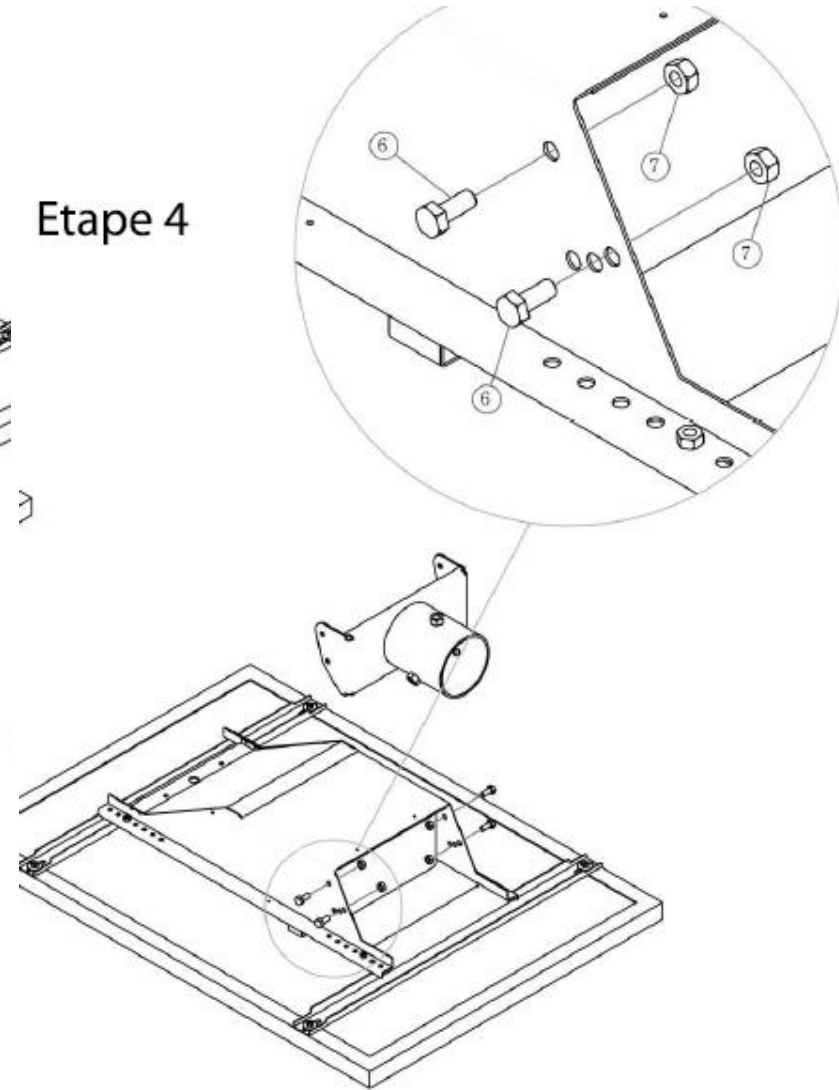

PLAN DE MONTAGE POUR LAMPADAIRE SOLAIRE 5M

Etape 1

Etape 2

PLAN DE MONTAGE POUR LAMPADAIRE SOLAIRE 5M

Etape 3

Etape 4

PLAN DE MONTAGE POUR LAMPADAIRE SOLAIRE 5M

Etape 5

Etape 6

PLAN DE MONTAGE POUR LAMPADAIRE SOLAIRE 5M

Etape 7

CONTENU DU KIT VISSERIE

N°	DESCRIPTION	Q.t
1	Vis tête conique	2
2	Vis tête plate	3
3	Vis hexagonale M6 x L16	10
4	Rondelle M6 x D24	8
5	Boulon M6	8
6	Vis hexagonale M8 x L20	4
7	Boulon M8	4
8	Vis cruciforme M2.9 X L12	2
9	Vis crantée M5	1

#### PROMPT
Copy the entries exactly. Leave out the images.

#### EXERCISE ANSWER
PLAN DE MONTAGE POUR LAMPADAIRE SOLAIRE 5M

Etape 1

Etape 2

PLAN DE MONTAGE POUR LAMPADAIRE SOLAIRE 5M

Etape 3

Etape 4

PLAN DE MONTAGE POUR LAMPADAIRE SOLAIRE 5M

Etape 5

Etape 6

PLAN DE MONTAGE POUR LAMPADAIRE SOLAIRE 5M

Etape 7

CONTENU DU KIT VISSERIE

N°	DESCRIPTION	Q.t
1	Vis tête conique	2
2	Vis tête plate	3
3	Vis hexagonale M6 x L16	10
4	Rondelle M6 x D24	8
5	Boulon M6	8
6	Vis hexagonale M8 x L20	4
7	Boulon M8	4
8	Vis cruciforme M2.9 X L12	2
9	Vis crantée M5	1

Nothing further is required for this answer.